We must make the most of the one life we have

We give our lives meaning and purpose

Not believing in an afterlife, humanists focus on making meaning and purpose for themselves, on living a good life here and now.

  • “Doesn’t that mean you can do whatever you want?” Living a good life is not the same as unrestrained hedonism, or living a life of unadulterated pleasure or self-interest. Rather, it may mean living in community, helping others, flourishing at what we are good at, contributing to our global society, and exploring and marveling at the world we find ourselves in.

Morality arises from human nature and culture

Human beings were not suddenly blessed with love and reason at some point in the past by an external power! Rather, our nature as deliberating, social beings, able to empathise with others and reason about social dynamics, fairness and justice, all evolved over time.

  • “Doesn’t that mean you’re moral relativists?” Emphatically, no. This is not at all the same as the relativist position: that all human behaviors are equally moral (or equally amoral). Compare to the situation with language. Like morality, human language — a combination of written, verbal, signed and gestural communication — is a complex phenomenon that evolved over time. It maps our needs and capabilities, but was not fundamentally designed or enforced from the outside. It varies significantly from place to place but is near-universal in some of its broadest features. Nevertheless, there are still better or worse expressions of language: expressions that are well-formed or badly formed, expressions that communicate as intended or which miscommunicate, some that are true, some that are false.

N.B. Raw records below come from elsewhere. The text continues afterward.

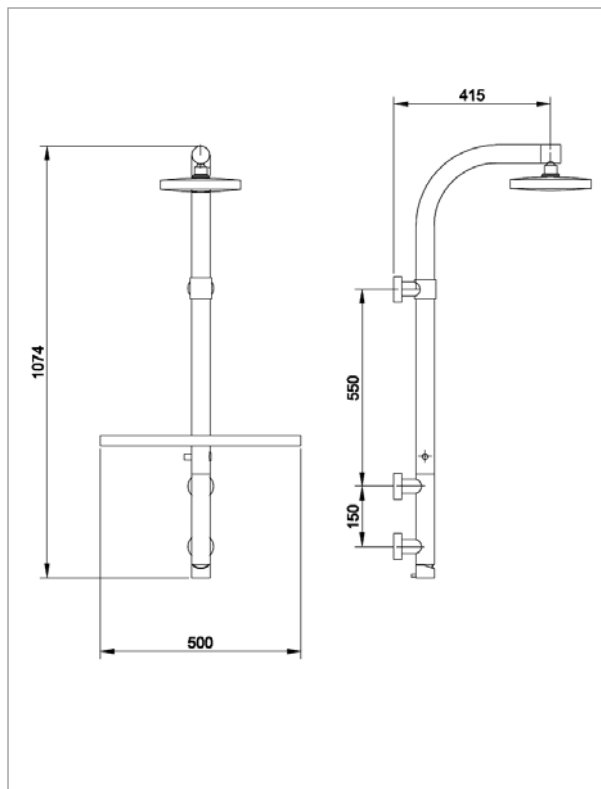

miage®
by omez

Linea / Collection: ZOE

Colonna doccia / Shower column
CD F03839LP.CB

Finitura / Finishing: Cromato bianco / White chromed

Immagine / Picture

100% Made in Italy

Disegno Tecnico / Technical Drawing

REV. 00 -2016/02/15

Descrizione / Description

Colonna Doccia ZOE monocomando con mensola portaoggetti

Colonna curva in ottone, cromata e verniciata bianca.

Completa di: rubinetteria con cartuccia monocomando a dischi ceramici, Soffione Tondo, Doccia Tondo, Flessibile liscio in PVC e mensola pre-montata.

ZOE Shower column-single lever mixer tap with object shelf

Curved shower column, chrome and white varnished version. Complete with: single lever mixer cartridge tap, Tondo shower head, hand shower, PVC flexible hose and pre-mounted object shelf.

Morality, too, is a complex, evolved set of thoughts and behaviours, but particular actions can be just or unjust, fair or unfair, beneficial or detrimental, ethical or unethical, moral or immoral.

What is morally right promotes welfare and fulfillment

The moral sphere exists because of human nature, including the needs and desires we share, and the needs and desires of individuals; because we interact with each other, and can deliberate over what we do; and because our actions effect both ourselves and others normatively. That is, we can hinder or help, make people sad or happy, impoverish the lives of others or enrich them, live life with dreary fatalism, or with human flourishing. The answers to moral questions are here in the world, in ourselves, others, and our relationships, not in the mystical beyond.

  • “But I heard that without God nothing would have any moral worth?” We need make no reference to some absolute law-giver or a designer outside space and time to understand the basis of morality: that some of our actions detract from, and others promote, the welfare of living things, or the advancement of society, or the fulfillment of ourselves and others.
  • “Is this some sort of human supremacism?” No. Humanism puts the human moral agent at the centre, because we are the only (or at least, by far the most sophisticated) moral decision-makers that we know of. Humanism does not deny that there are other moral subjects, such as non-human animals. For humanists, moral considerations include moral subjects such as human beings, other animals, our environment, as well as ethical principles, the health of society, and the future we are creating through our actions.